The purpose of this article is not to villainize those people or victimize myself, though. I would be a liar if I claimed I’ve never spoken about someone behind their back. I do my best to avoid it, especially after being the victim of it myself. But unfortunately, we’ve all done it. Even if we don’t do it ourselves, we’ll still find ourselves in conversations where others are talking about people who aren’t present. We can stay silent and pray to stay uninvolved, but silence is complicity on its own. The point being - we’ve all done things, and will likely do things in the future, that we are not proud of. Which is one reason why I forgave those girls for every hurtful word they said.
They didn’t ask for my forgiveness. In fact, when I confronted them about what they said, they acted defensive. The ringleader of the conversation said, “It’s not like it’s illegal to have those opinions.” And she was right, I told her. It wasn’t illegal. But that didn’t make her words any less hurtful. And then I told each girl that I forgave them. I told them we could go our separate ways and they would get what they wanted and not have to hang out with me and I wouldn’t spend any more time being mad at them.
Because forgiveness really isn’t about giving the offender peace of mind. It’s about giving yourself peace of mind. I know firsthand how much energy it takes holding a grudge against someone. They did you wrong, and now they deserve their karma. You want everyone else to hate them as much as you do. At least, that’s my initial reaction to someone who does me dirty. More than anything, I want these people to see me and think, “How could I do that to a person?” But I guarantee you, those people don’t think about me. Or maybe they do and I should forgive them because they learned from their mistakes and don’t want to feel this guilty ever again. But the people who hurt you the most and don’t apologize may never see anything wrong with their actions. These are the people who make forgiveness so difficult. They move on and don’t think about you. Grudges may come in different forms for everyone, but for me, this is the most hurtful part. How come they can move on and I’m stuck thinking about them? Why shouldn’t I get that same liberty?
I’ve realized the only way to stop thinking about the people who did you wrong is to forgive them, no matter how impossible it may seem. Tell yourself that their actions don’t affect you anymore. Forgiveness is one of the hardest things to do, and it’s definitely easier said than done. Even when I can say out loud that I forgive someone, I still feel that pang of hurt or anger when I see them. But if you can keep telling yourself you’ve moved on, then eventually you will. You’ll know you’ve mastered the skill of forgiveness when you see someone who hurt you and feel nothing but indifference. It’s a skill I’ll likely be working on for the rest of my life, but I’m glad to be at the stage where I can declare out loud that I forgive someone.

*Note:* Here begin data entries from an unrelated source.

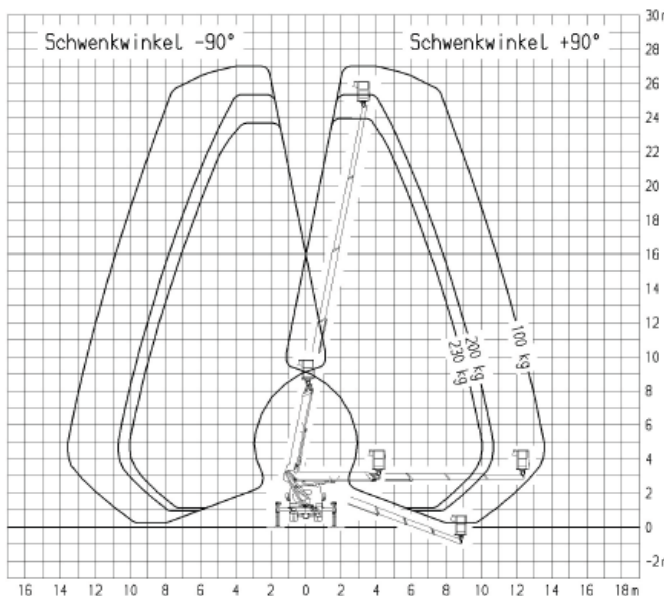

LKW-Arbeitsbühne
auf 3,5t Fahrgestell

der Führerschein Klasse B

TB 270

Transportabmessung:

<u>Länge:</u>	6,75m
<u>Breite:</u>	2,10m
<u>Höhe:</u>	3,00m

Arbeitsbereich:

<u>max. Arbeitshöhe:</u>	27,00m
<u>max. Hubhöhe:</u>	25,00m
<u>max. seitliche Reichweite:</u>	14,80m bei 100kg
<u>Schwenkbereich:</u>	2x225°
<u>Schwenkbarer Korb:</u>	2x90°
<u>max. Korb last:</u>	230kg
<u>Personen im Korb:</u>	max.2

Korb maß:

<u>Länge:</u>	1,40m
<u>Breite:</u>	0,70m

Abstützung:

<u>Stützkraft vorne:</u>	29kN
<u>Stützkraft hinten:</u>	19kN
<u>volle Abstützbreite:</u>	ca. vorne 3,54m hinten 3,33m
<u>einseitige Abstützbreite:</u>	vorne 2,82m hinten 2,72m
<u>Zulässige Aufstellneigung:(unter Einschränkung)</u>	5°
<u>Abstützung Fzg.- Profil:</u>	2,10m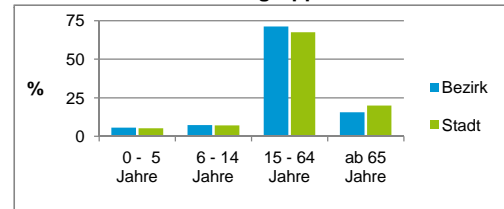

2) Anteil an der Bevölkerung insgesamt
Stand: 31.12.2015

Einwohner nach Familienstand	Bezirk		Stadt	
	Zahl	%	Zahl	%
ledig	5 566	50,7		43,6
verheiratet	3 643	33,2		40,8
verwitwet	567	5,2		6,8
geschieden	1 193	10,9		8,9

Stand: 31.12.2015

Bevölkerungsveränderung	Bezirk	Stadt
	Einwohner 2014	10 524
Einwohner 2010	9 981	497 949
Veränderung 2015 gegenüber 2014 in %	4,2	2,0
Veränderung 2015 gegenüber 2010 in %	9,9	5,8

Stand: 31.12.2015

Geschlecht

Altersgruppe

Nationalität

Familienstand

Bevölkerungsveränderung

Statistischer Bezirk: 10 Ludwigsfeld

Haushalte	Bezirk		Stadt
	Zahl	%	%
Alleinerziehende	375	5,9	4,2
sonstige Haushalte	5 948	94,1	95,8
zusammen	6 323	100,0	100,0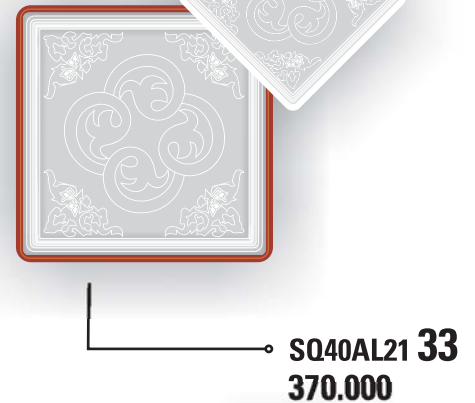

SQ30AL13 01
290.000

SQ30AL13 03
290.000

SQ30AL13 07
290.000

SQ30AL13 09
290.000

290.000
SQ-30AL13 23

290.000
SQ30AL13 21

Hướng dẫn đặt hàng:

Để đặt màu viền đèn thêm mã sau: **Trắng = WH; Mận chín = RB; Ghi = GR; Đen = BK; Vân gỗ = PT**

The saying, “forgive but don’t forget” certainly rings true. If someone really hurt you, then it may not even be possible to forget what they did. Still, I think Taylor Swift said it best: “Think of your energy as if it’s expensive, as if it’s like a luxury item. Not everyone can afford it. Like, not everyone has invested in you in order to be able to have the capital for you to care about this.” In other words, if someone hurts you, then you shouldn’t have to waste your energy on them because they don’t deserve your energy. I can convince myself that I’ve moved on once I say it out loud, and that’s why I tell people I forgive them. But as long as you can tell yourself that you’ve moved on, then that’s all you really need.